Biliyorsunuz. Kılıçdaroğlu’nun söylediği yalanlar nedeniyle kaybettiği davalarda tazminat parası bir milyona yaklaşınca, vatandaşın oylarıyla seçilip Meclis’e sokulan ve vatandaşın vergileriyle maaşı ödenen CHP’li vekillerin kesesi Kılıçdaroğlu’na açıldı.
***
Yüz kızartan mekanizma 2019 başında kuruldu. CHP Meclis grubunda alınan bir kararla Kılıçdaroğlu’nun ödeyeceği tazminatlar için bir fon oluşturuldu.
Ne yazıktır ki Cumhuriyetle yaşıt parti “Neyse yalanın parası, biz veririz” seviyesine düşürüldü.
Buna göre her CHP vekili her üç ayda bir bu fona 5 bin TL yatırmak zorunda.
Kılıçdaroğlu buna “özgürce konuşabilme fonu” diyor. Mahkemelerin tazminata hükmetmesi demek iddiaların yalan-iftira çıkması demek olduğuna göre Kılıçdaroğlu’nun sözünü “özgürce yalan söyleme fonu” olarak düzeltmek gerek tabii.
Biz buna kısaca KYFF diyelim; Kılıçdaroğlu Yalanlarını Finans Fonu.
***
Sonuçta 12 aydır işliyor bu mekanizma. Meclisteki 146 CHP milletvekili şu ana dek 4’er kez 5’er bin lira yatırmış olmalılar bu fona. Neredeyse birer maaşlarını yani...

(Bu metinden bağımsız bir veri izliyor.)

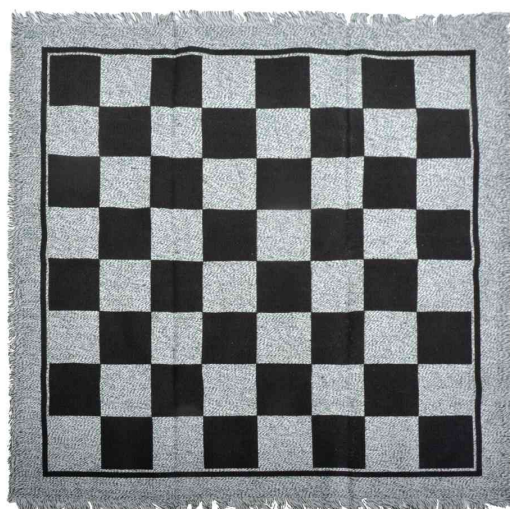

Tapis de jeu 3en1

- surface de jeu réversible imprimée des deux côtés
- en tissu polyester résistant
- face : motif d'échiquier classique
- dos : morpion ou puissance 4
- la livraison inclut 12 jetons Jumbo rouges et 12 bleus
- dimensions du tapis : 660 x 660 mm
- facile à enrouler et empiler

Exemples d'utilisation :

- pour jouer aux dames, au morpion et à puissance 4

Adapté pour :

- âge minimum recommandé 4+

Dos du tapis de jeu

Face du tapis de jeu

Jetons Jumbo compris dans la livraison

Verpackung

Produit

Tapis de jeu 3en1

Numéro de fabricant

970312

Code

98000875

O halde KYFF’de şu ana dek 2 milyon 920 bin lira para birikmiş olmalı.
Tamam, Kılıçdaroğlu ispatlayamadığı iddialar ortaya atmaya, “gerçeğe aykırı beyanlarda” bulunmaya, hakaret etmeye devam ediyor. Hatta bazen öyle oluyor ki daha kürsüden inmeden tekzip ediliyor.
Yeni davalar açıldığını da biliyoruz, Kılıçdaroğlu’nun sık sık tazminata mahkum edildiğini de. Daha geçen ay Cumhurbaşkanı Erdoğan’a 50 bin TL tazminat ödemeye mahkum edilmişti mesela CHP Genel Başkanı.

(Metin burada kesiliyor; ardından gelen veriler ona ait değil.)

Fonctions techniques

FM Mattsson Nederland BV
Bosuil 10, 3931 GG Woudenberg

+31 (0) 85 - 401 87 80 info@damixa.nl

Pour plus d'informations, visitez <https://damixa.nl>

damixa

Ama yine de 3 milyon TL ödemediği açık.
Ne yapıyorlar acaba fonda toplanan parayla?
CHP yönetimini şeffaflığa davet ediyorum buradan.
Hangi yalan-iftira için ne kadar tazminat ödediler?
Tazminatların ne kadarını KYFF’den tahsil ettiler?
Fonu kim idare ediyor?
Hangi milletvekili ne kadar para ödedi?
Yalan fonunu finanse etmeyi reddeden milletvekilleri var mı, kimler?
KYFF’ye para yatırmayan milletvekilleri için nasıl bir yaptırım uygulanıyor?
Arta kalan paralarla ne yapılıyor?
“Fonda şu kadar para birikti, daha şu kadar TL’lik iftira atabiliriz önerileri geliyor mu?
Cevaplanmalı. CHP yönetimi KYFF hakkında kamuoyuna mutlaka bilgi vermeli.